§ **What the task requires**:
Starting with the line below that holds "Length (in): $2" and stopping after the line that holds "Map not to scale", transcribe the lines exactly, leaving out all pictures.

[Dataset excerpts]
+++

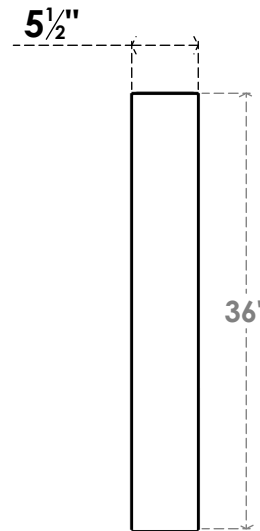

ITEM NUMBER: BRCPC055X36000X36000TRA

5 1/2"W X 36"D X 36"H TRADITIONAL ARCHITECTURAL GRADE PVC CLOSED KNEE BRACE

SIDE PROFILE

FRONT PROFILE

ISOMETRIC

EKENA MILLWORK
2300 WEST MAIN ST.
CLARKSVILLE, TX 75426
TOLL FREE: 866-607-0453
WWW.EKENAMILLWORK.COM

NOTES

1. INSTALLATION TO BE COMPLETED IN ACCORDANCE WITH MANUFACTURER'S SPECIFICATIONS.
2. DRAWING MAY NOT BE TO SCALE
3. THIS DRAWING IS INTENDED FOR DESIGN AND PLANNING PURPOSES ONLY.
4. ALL INFORMATION CONTAINED HEREIN WAS CURRENT AT THE TIME OF DEVELOPMENT BUT MUST BE REVIEWED AND APPROVED BY THE PRODUCT MANUFACTURER TO BE CONSIDERED ACCURATE.
5. ARCHITECTURAL GRADE PVC PRODUCTS ARE MADE FROM EXPANDED CELLULAR PVC AND COME NATURALLY WHITE BUT MAY BE PAINTED
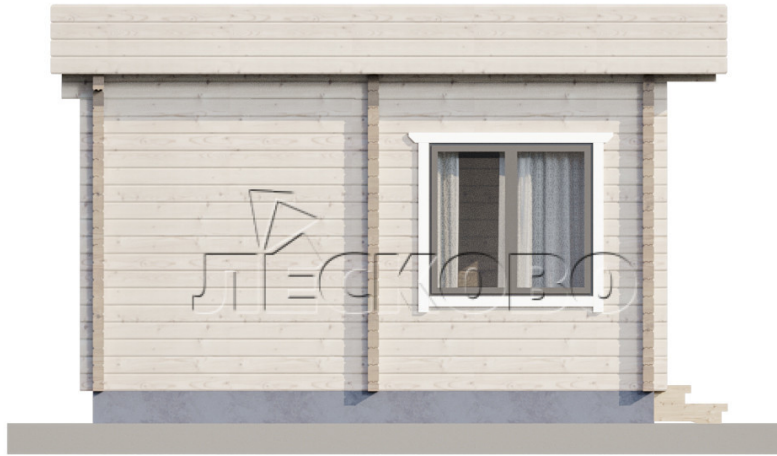

Log Cabin "DS" series 3.5×3

Project Dimensions

4.8 × 8.7 / 38 m²

Full house set

8,365 €

Timber

45 MM

65 MM
+ 2,031 €

Project planning

House Kit

- Wall kit: 44 × 145mm mini-chamber drying chamber with bowls for the project. The material of the tree is spruce, pine (GOST 8486). Humidity 12-14%. The height of the walls is 2.16 m;
- Logs, lower harness: board 45 × 145 mm chamber drying 12-16%;

- Floors: floorboard 35 mm, Chamber drying;
- Ceiling: imitation of a bar 20 × 135 mm, Chamber drying;
- Wooden windows, glass 4 mm, Single. Treatment with a colorless antiseptic. Hardware;

Window 1.34×1.17
м.3 шт.
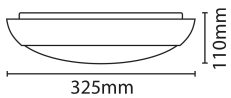

Carina

Carina white IP65 bulkhead 17W CCT selectable

DESCRIPTION

Versatile range of decorative bulkheads, offering practicality and style with multiple functional options - perfect for superior leisure, hotels & outdoor applications

FEATURES

- Polycarbonate construction
- Full circular LED array
- IP65, ceiling or wall mounted
- Central BESA box mounting option on the base
- Colour temperature selectable - options of 3100K, 4200K & 6400K easily set by a dip switch on the gear tray
- Plug in connector between the terminal block and the gear tray. Terminal block is located on the base, allowing for easy wiring and the gear tray to be removed during installation

GENERAL INFORMATION

Light Source	LED	Colour / Finish	White
Application	Internal/External	Mounting Type	Surface
Product Warranty	5 Years	Net Weight	1.12 kg
Energy Efficiency Class	E		

TECHNICAL INFORMATION

Nominal Voltage	240 V	Frequency	50Hz
Class Protection	2	Operating Temperature (Min)	-20 °C
Operating Temperature (Max)	45 °C	Average Rated Life	50,000 h
Number of switching cycles	25,000	Construction Materials Line 1	Polycarbonate
Dimensions - Height	325 mm	Dimensions - Width	325 mm
Dimensions - Depth	110 mm		

PRODUCT INFORMATION

Wattage Combined	17W	CCT Combined	3000K / 4200K / 6400K
Luminaire Lumens Combined	1480 - 1500 lm	lm/W Combined	87 - 88 lm/w
Beam Angle	120°	CRI	80
SDCM	<6	Lumen Maintenance	0.8
IP Rating	IP65	IK Rating	IK08
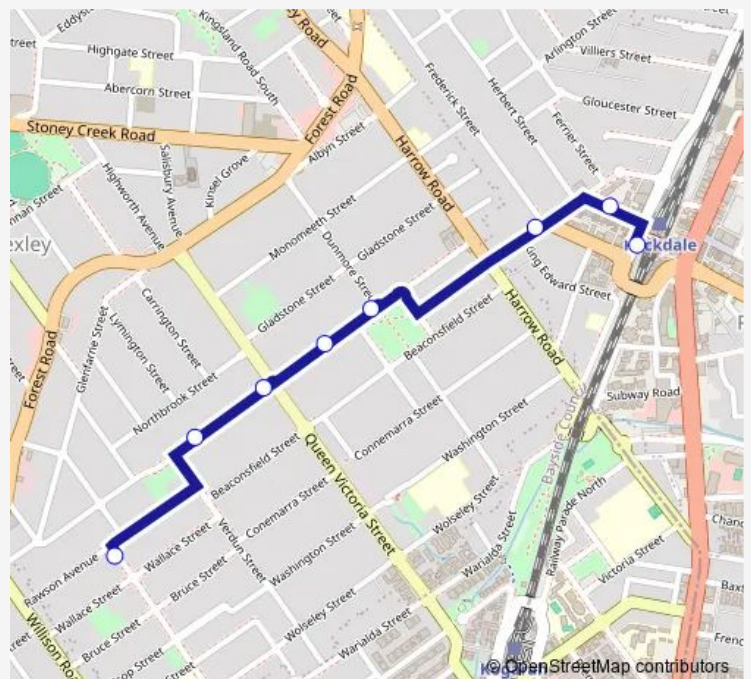

Caledonian St At Queen Victoria St

Seaforth Park, Caledonian St

Caledonian St After Seaforth St

Caledonian St After Queen Victoria St

Route schedule

Rockdale Station, Railway St, Stand G — Percival St Opp Byrnes St

Monday 08:13

Tuesday 08:13

Wednesday 08:13

Thursday 08:13

Friday 08:13

Saturday —

Sunday —

Route info

Direction: Rockdale Station, Railway St, Stand G

Stops: 28

Trip Duration: 0 hour 23 min

453 — Rockdale Station to Percival Street Rockdale

47 Caledonian St

Caledonian St Before Verdun St

Verdun St Opp Rawson Av

Wallace St At Verdun St

Willison Rd At Bruce St

Willison Rd At Milsop St

Percival St Opp Byrnes St

Direction

Rockdale Station, Railway St, Stand G — Percival St At Rawson Av

11 stops

[Open route schedule](#)
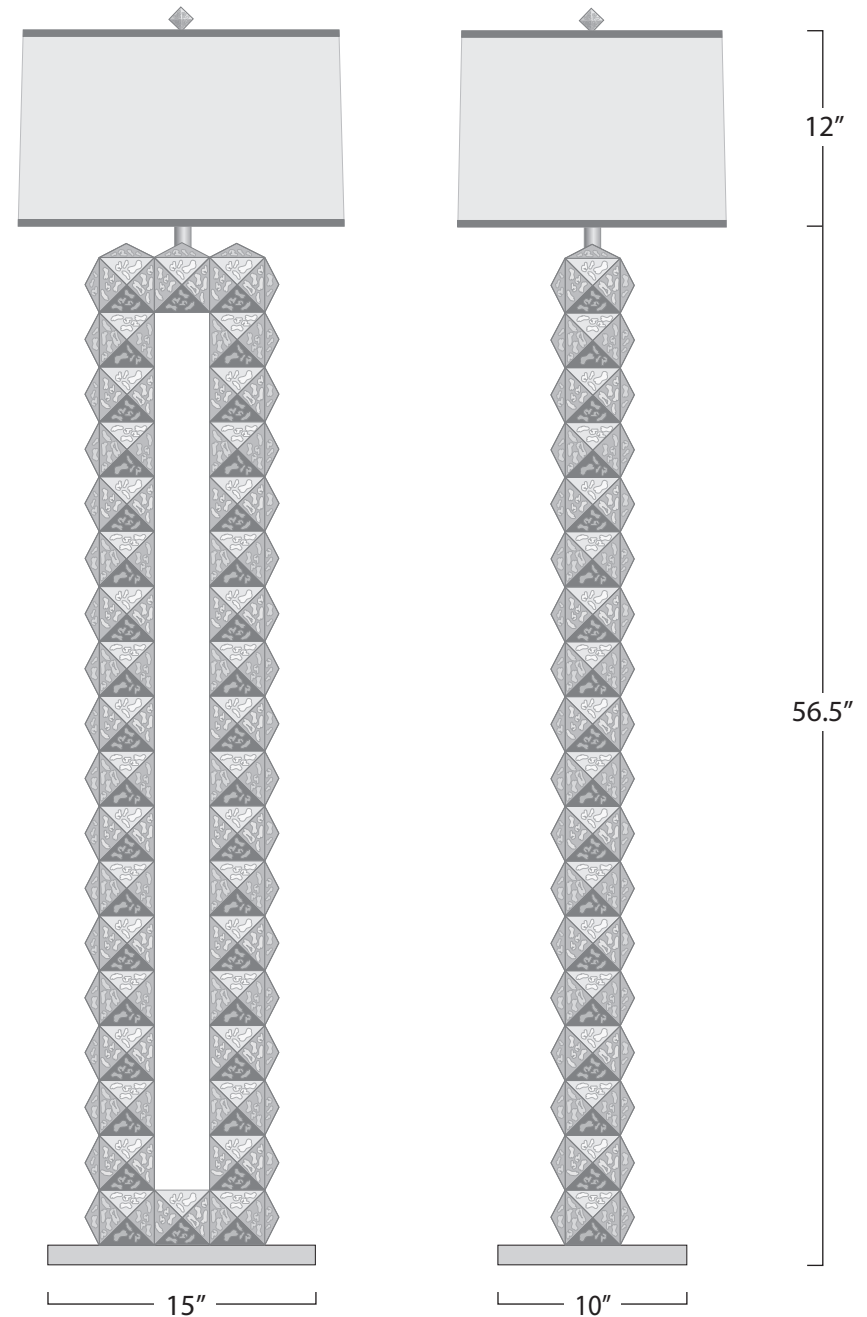

QUADRA 2C FLOOR LAMP

DESCRIPTION

Hand fabricated steel and bronze.

FINISH

Full Bronze Flame Patina with clear coat.

Textures on lamps are for illustration purposes only. See photos for more accuracy.

SHADE

Low Luster Satin Weave in Ivory with Bronze Silk Trim.

DIMENSIONS

Base - 15" x 10" x 68.5" H.

Shade - Box Rec. 19" x 18" x 12" H.

NET WT.

Approx. 50 lbs.

ELECTRICAL

1-E 26 Full Range Socket Dimmer Switch.

150 Watt max. 10 ft. cord with molded plug.

MADE WITH UL LISTED COMPONENTS.

For more information please visit Metalventure.com
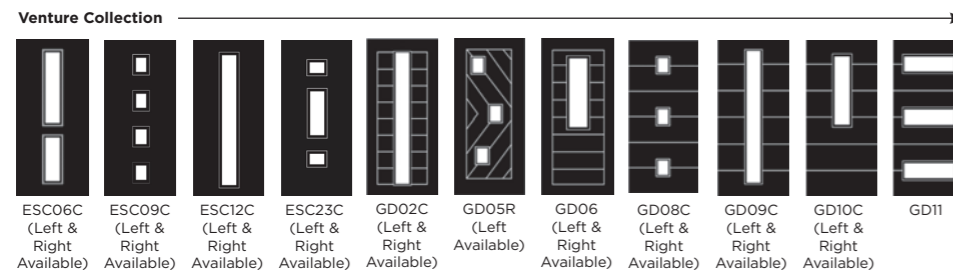

Contemporary Door Collection
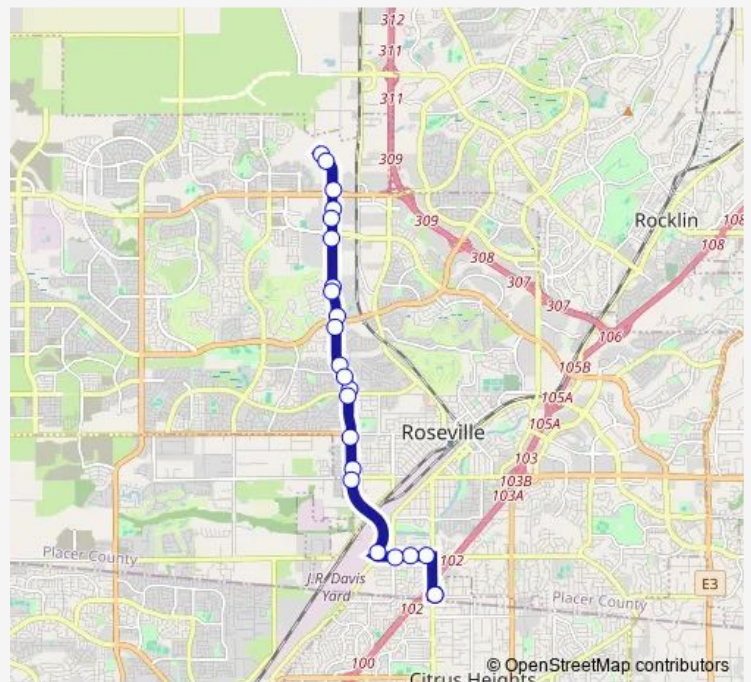

**Bus R Route R**

[Go to website](#)

**Direction**  
 Louis LN & Whyte AVE (Sb) — Louis LN & Whyte AVE (Sb)  
 23 stops  
[Open route schedule](#)

- Louis LN & Whyte AVE (Sb)
- Cirby WY & Riverside AVE (Wb)
- Cirby WY & Lindsay DR (Wb)
- Foothills Blvd & Cirby WY (Nb)
- Foothills Blvd & Vineyard RD (Nb)
- Foothills Blvd & Junction Blvd (Nb)
- Foothills Blvd & McNally DR (Nb)
- Foothills Blvd & Pleasant Grove Blvd (Nb)
- Foothills Blvd & Misty Wood DR (Nb)
- Foothills Blvd & Albertsons DR (Nb)
- Foothills Blvd & Blue Oaks Blvd (Nb)
- Foothills Blvd & Winding Creek Court (Nb)
- Foothills Blvd & Winding Creek WAY (Sb)
- Foothills Blvd & Blue Oaks Blvd (Sb)
- Foothills Blvd & HP Main Entry (Sb)
- Foothills Blvd & Misty Wood DR (Sb)
- Foothills Blvd & Pleasant Grove Blvd (Sb)
- Foothills Blvd & McNally DR (Sb)
- Foothills Blvd & Junction Blvd (Sb)
- Foothills Blvd & Main ST (Sb)
- Foothills Blvd & Vineyard RD (Sb)

**Route schedule**

Louis LN & Whyte AVE (Sb) — Louis LN & Whyte AVE (Sb)

Monday	07:30-16:38
Tuesday	07:30-16:38
Wednesday	07:30-16:38
Thursday	07:30-16:38
Friday	07:30-16:38
Saturday	—
Sunday	—

**Route info**

Direction: Louis LN & Whyte AVE (Sb)  
 Stops: 23  
 Trip Duration: 0 hour 42 min

■ R — Route R

Cirby WY & Vernon ST (Eb)

Louis LN & Whyte AVE (Sb)

R Bus time schedules and route maps are available in an offline PDF at [busmaps.com](https://busmaps.com). Use the [busmaps.com](https://busmaps.com) website to see live bus times, train schedule or subway schedule, and step-by-step directions for all public transit in Roseville

The schedule is provided in the local timezone. Times with "(+1)" indicate departures on the next day.

PDF file created on 2025-02-26

2024 BusMaps.com - All Rights Reserved
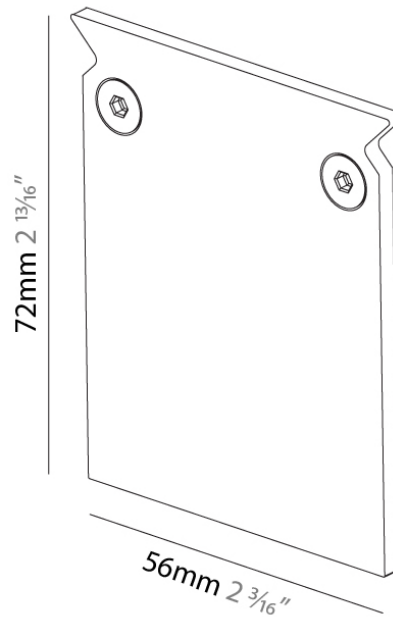

A3FI-SUR-SYS COMPONENTS

PROJECT	_____
TYPE	_____
NOTES	_____
QUANTITY	_____
DATE	_____

A3982800

DESCRIPTION

Fino System - Surface / Suspension End Cap (Opal)

GENERAL

Series: Fino

Brand: Prolicht

Division: Architectural

PHYSICAL

Shape: Rectangle

Length (mm): 56

Length (in): $2 \frac{3}{16}$

Width (mm): 3

Width (in): $\frac{1}{8}$

Height (mm): 72

Height (in): $2 \frac{13}{16}$

Weight (kg): 0.03

Weight (lbs): 0.66

Fixture Material: Aluminum

RATINGS AND CERTIFICATIONS

Certified By: Certified for North American Standards

IP rating: IP20
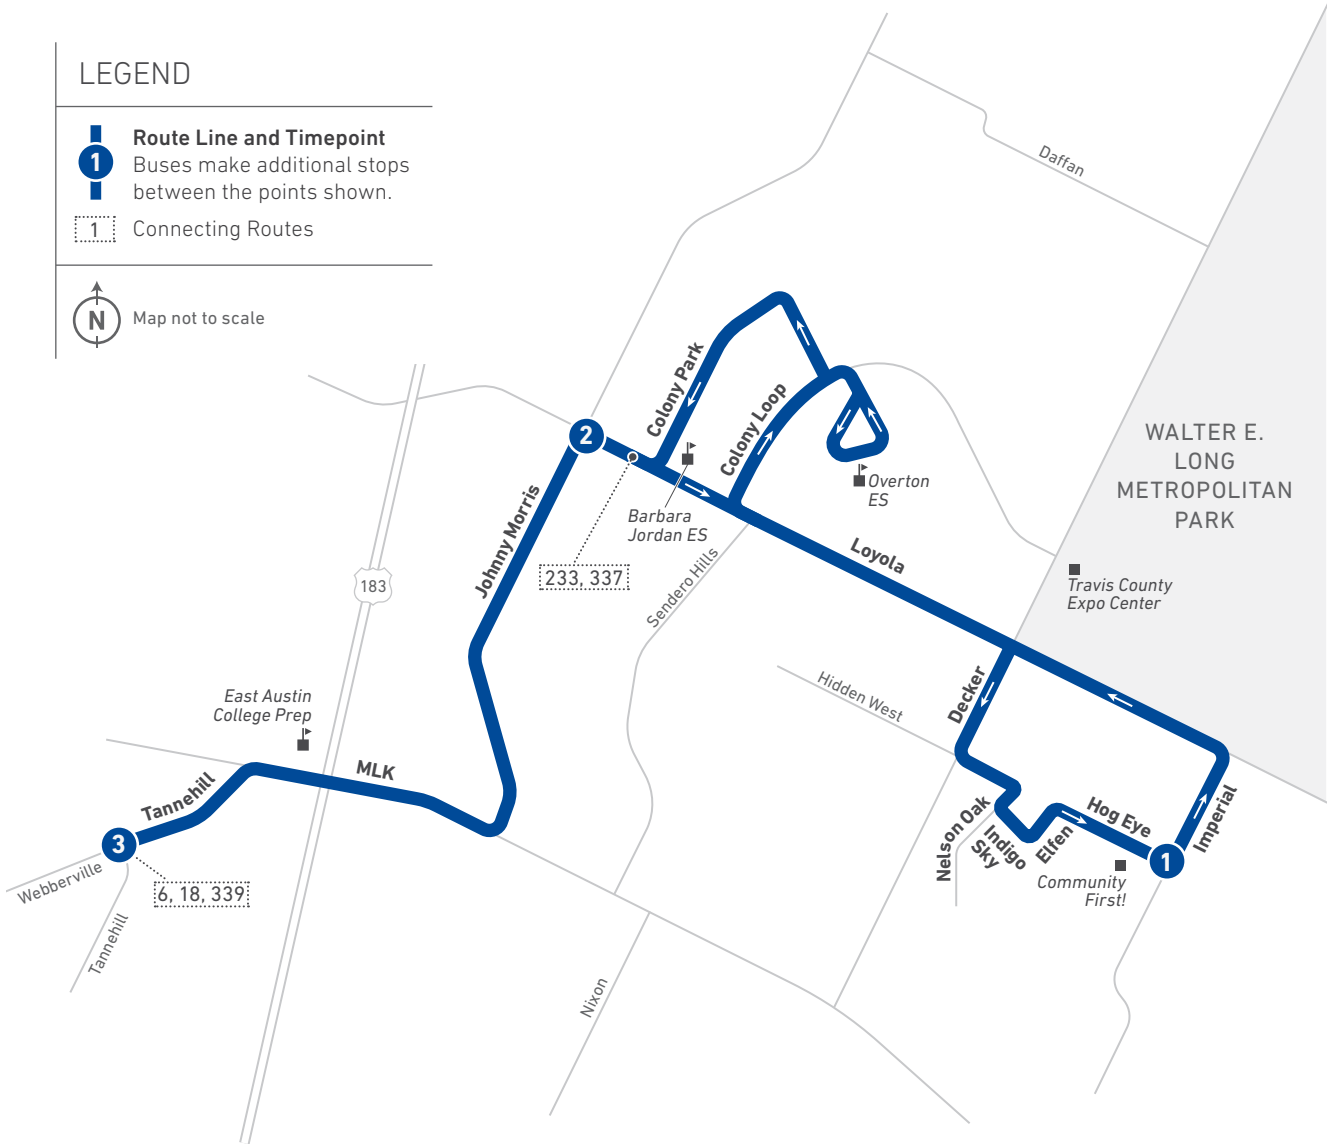

237

Northeast Feeder

LOCAL

LEGEND

Route Line and Timepoint
Buses make additional stops between the points shown.

Connecting Routes

Map not to scale

Scan the QR code to see an online version of this route map.

DESTINATIONS

- Community First!
- Travis County Expo Center
- Overton Elementary School
- Barbara Jordan Elementary School
- East Austin College Prep

NOTES

Westbound trips continue as Route 6 at Tannehill/ Webberville.

237 WEEKDAYS / WESTBOUND

1 Community First!	2 Loyola at Johnny Morris	3 Tannehill at Webberville	To Route/ Garage
7:05	7:15	7:33	6
8:05	8:15	8:33	6
9:05	9:14	9:25	6
10:05	10:14	10:25	6
11:05	11:14	11:25	6
12:05	12:14	12:25	6
1:05	1:14	1:25	6
2:05	2:14	2:25	6
3:05	3:16	3:29	6
4:05	4:16	4:29	6
5:05	5:16	5:29	6
6:05	6:16	6:29	6
7:00	7:11	7:24	6
8:00	8:11	8:24	6
9:00	9:11	9:24	G
10:00	10:11	10:24	G

237 SUNDAYS / EASTBOUND

3 Tannehill at Webberville	2 Loyola at Johnny Morris	1 Community First!	To Route/ Garage
7:40	7:50	7:55	
8:40	8:50	8:55	
9:40	9:50	9:55	
10:40	10:50	10:57	
11:40	11:50	11:57	
12:40	12:50	12:57	
1:40	1:50	1:57	
2:40	2:50	2:57	
3:40	3:50	3:57	
4:40	4:50	4:57	
5:40	5:50	5:57	
6:40	6:50	6:57	
7:40	7:50	7:57	
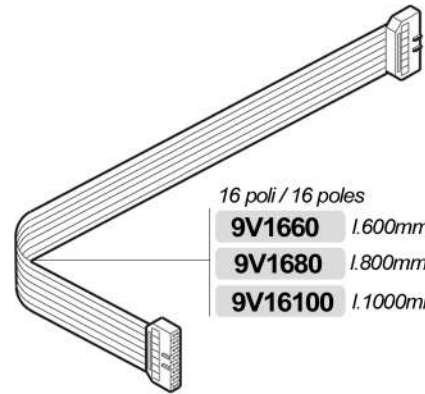

GB/5 - FB/80 - MISTRAL  
**8MZ122** 4GR 230V

LINEA - FB/70  
**8MZ121** 2/3GR 230V

RL30 1E/2C/F 230V  
**9V8332**

16 poli / 16 poles  
**9V1660** l.600mm  
**9V1680** l.800mm  
**9V16100** l.1000mm

**8MZ991200**
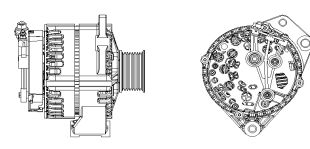

SHFHF109 28V 70A

OEM No: HG1500090071
Model: JFZ270-0205-SH

Applications: engineering machinery
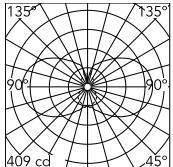

Physical

Colour	Black
Orientation	Fixed
Length (mm)	1810
IP internal	20

Download

Mounting instructions [↓ PDF](#)

Photometric Files

LDT / IES [↓ ZIP](#)

Technical Drawings

2D [↓ ZIP](#)

3D [↓ ZIP](#)

Schematic light drawing

Luminous flux luminaire
2285 lm

Photometric

Lighting type	Total
Light distribution	Symmetric
CCT (K)	2200
CRI>	90
McAdam steps (SDCM)	3
LED Life / Failure Ratio	L80B10>72.000h_Tc65°C

+++

§ **Finished exercise**:
Length (in): $2 \frac{3}{16}$

Width (mm): 3

Width (in): $\frac{1}{8}$

Height (mm): 72

Height (in): $2 \frac{13}{16}$

Weight (kg): 0.03

Weight (lbs): 0.66

Fixture Material: Aluminum

RATINGS AND CERTIFICATIONS

Certified By: Certified for North American Standards

IP rating: IP20

237

Northeast Feeder

LOCAL

LEGEND

Route Line and Timepoint
Buses make additional stops between the points shown.

Connecting Routes

Map not to scale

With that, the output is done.